▼

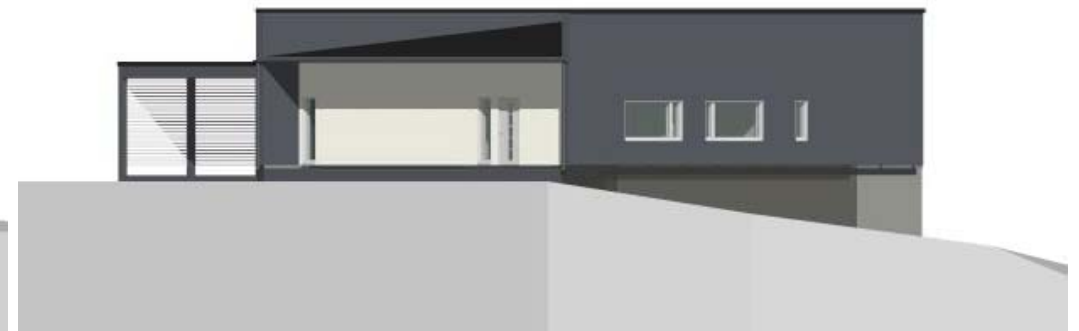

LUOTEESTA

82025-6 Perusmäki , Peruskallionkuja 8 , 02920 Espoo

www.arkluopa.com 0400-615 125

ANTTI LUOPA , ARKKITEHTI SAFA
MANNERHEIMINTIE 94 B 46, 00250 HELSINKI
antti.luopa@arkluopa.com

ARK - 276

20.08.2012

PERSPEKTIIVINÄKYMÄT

▲
▼

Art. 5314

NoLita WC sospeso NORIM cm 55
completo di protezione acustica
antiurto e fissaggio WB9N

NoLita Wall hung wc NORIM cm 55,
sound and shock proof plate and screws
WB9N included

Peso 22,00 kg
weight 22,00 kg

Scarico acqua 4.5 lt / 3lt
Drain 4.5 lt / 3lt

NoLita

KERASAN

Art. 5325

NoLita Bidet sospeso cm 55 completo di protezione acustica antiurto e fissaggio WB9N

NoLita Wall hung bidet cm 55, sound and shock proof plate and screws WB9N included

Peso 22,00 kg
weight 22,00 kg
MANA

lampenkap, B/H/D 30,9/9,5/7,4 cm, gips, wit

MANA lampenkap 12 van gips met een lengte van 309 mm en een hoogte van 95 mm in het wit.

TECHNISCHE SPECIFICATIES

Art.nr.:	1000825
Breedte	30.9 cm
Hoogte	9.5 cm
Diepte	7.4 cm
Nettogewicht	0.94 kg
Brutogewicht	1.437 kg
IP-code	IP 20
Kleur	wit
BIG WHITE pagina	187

▲

> PROBLEM REQUIREMENTS
Working from the entries above, find every line in which the word "antiurto" occurs and copy it.

> SOLUTION TO THIS PROBLEM
antiurto e fissaggio WB9N
NoLita Bidet sospeso cm 55 completo di protezione acustica antiurto e fissaggio WB9N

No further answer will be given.